[Feature] In-Memory State Management #1020

Closed
opened 2025-12-29 02:27:34 +01:00 by adam · 4 comments
Owner

Originally created by @CodingTil on GitHub (May 15, 2025).

Use case

Under certain loads, using a database for state management in headscale represents a performance bottleneck. To boost performance while ensuring database persistence, we propose to implement an in-memory state management layer.

Description

Profiling the server under certain loads revealed that most CPU time is spent on database operations, causing unresponsiveness and even node disconnections. This was observed on commit 0d3134720b.

Image
Image
Image

Our previous attempts to accelerate DB read operations include:

  • Increasing the SQLite connection pool (#2571)
  • Replacing GORM's default JSONSerializer with a faster one using sonicJSON (references #2513)
  • Caching peers in the Mapper (a hack, only eventually consistent with the DB state)

Although these changes had a positive impact, the overall outcome was still unsatisfactory. Inspired by your in-code comments and proposals on other issues (e.g., d7a503a34e/hscontrol/app.go (L529) and https://github.com/juanfont/headscale/issues/2571#issuecomment-2858966975), we considered a reevaluation of the database access setup.

Contribution

  • I can write the design doc for this feature
  • I can contribute this feature

How can it be implemented?

Our proposal concerns a new in-memory state component, sitting between the server and the database. This component should have the following properties:

  • Contain all relevant data for headscale server operation in memory, currently residing in the database
  • Persist state:
    • Initialize state from the DB
    • Write to the DB when necessary (to be determined)
  • Allow concurrent reads of the state

Example struct:

// State holds the global state of the headscale server.
type State struct {
	// state is persisted in the database
	db *db.HSDatabase

	// concurrent reads are permitted
	mutex sync.RWMutex

	// ground truth data
	preauthKeys []types.PreAuthKey
	nodes       types.Nodes
	users       types.Users
}

We propose one of the following DB-Update schemes:

  1. Immediate DB Updates: Update the DB immediately when the server updates the state.
  2. Scheduled DB Updates: Update the in-memory state immediately, and dump it to the DB every X seconds (e.g., every minute or two) or on SIGTERM.
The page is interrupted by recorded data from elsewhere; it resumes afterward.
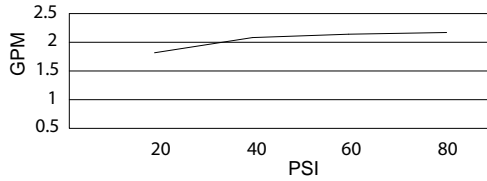

SPECIFICATIONS

ANTIOCH™ SINGLE HANDLE PULL-OUT KITCHEN FAUCET

Model

D455021

Description

- Ceramic disc valve
- Metal lever handle
- 7" high spout, 9 1/2" spout length
- 2.2GPM(8.3L/min) maximum aerator @60 psi
- 2 function spray/aerated stream
- Single hole mount
- Quiet running hose with retraction

Flow Rate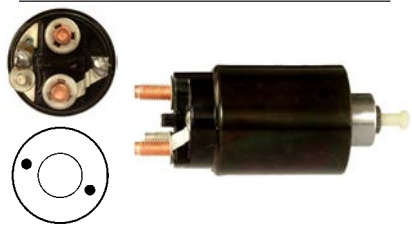

231178 Solenoid

Replacing: sw5203, SW5112, f6vz11390aa
Servicing: F6VU11000AA, F75U11000AA,
F7LU11000BA, f7pu-11000-aa, f7pu-
11000-da, f7pu-11000-ea, F7PU11000BA,
F7PU11000CA
12 V, OD 51.35, Coil bolt M8,
No./ terminals 3
Cap: Cargo 231180.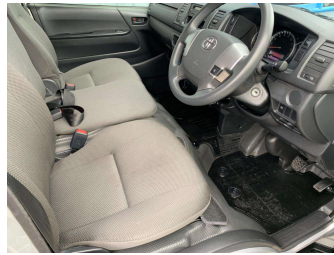

2019 Toyota HIACE DX 5 Door 4WD with ESC

Purchase Price **\$32,990**
Includes GST, Registration & Licensing

Finance may be available on this vehicle. Ask one of our friendly staff for more information.

Gain peace of mind with Mechanical Breakdown Insurance. **Ask us how.**

Body Style
5 door, Van

Odometer
121,353 km

Engine
2800 cc, Internal Combustion

Fuel Type
Diesel

Transmission
Auto, 4WD

Wheels
-

VIN
7AT0H60FX22022063

Interior
-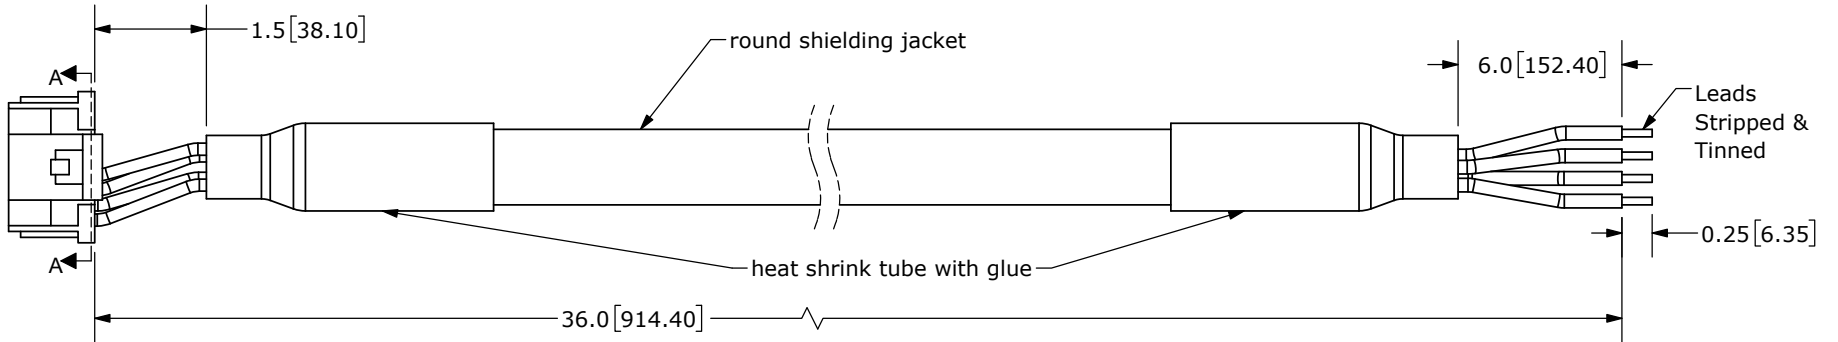

Additional Resources: [Product Page](#)

REV.	DESCRIPTION	DATE
A	INITIAL RELEASE	08/18/2020
B	CUI DEVICES REBRANDED TO SAME SKY	09/12/2024

SECTION A-A  
SCALE 4 : 1

Connector Pinout			
#	Function	Color	
		Primary	Stripe
1	+5 V	Orange	White
2	GND	White	Orange
3	A	White	Blue
4	B	Blue	White
5	Not Populated		
6	Not Populated		
7	Not Populated		
8	Not Populated		

TOLERANCE:  
±0.2" UNLESS OTHERWISE  
SPECIFIED

**same sky**

6405 SW Rosewood St, Suite C  
Lake Oswego, OR 97035  
Phone: 877-323-3576

Website: [www.sameskydevices.com](http://www.sameskydevices.com)

ITEM NO: 977-7244R		REV: B
PART NO: AMT-08C-2-036	UNITS: INCHES[MM]	
DRAWN BY: RDS	APPROVED BY:	SCALE: 2:1

	Part	QTY	Part#
1	Cable	1	Belden 8133 or EQV.
2	Connector	1	JST NSHR-08V-S
3	Crimp Pins	4	JST SSSL-003T-P0.2

PC FILE NAME:  
AMT-08C-2-036

COPYRIGHT 2024 BY SAME SKY

While individual immediate DB updates are smaller and faster, they may result in a larger number of updates over time. Scheduled DB updates might be simpler to implement and result in more readable code, making them our preferred choice.

If you agree with our proposal, we (@aergus-tng @Enkelmann @CMS-TNG @JanisCasper and me, and potentially a few more colleagues) would like to implement this.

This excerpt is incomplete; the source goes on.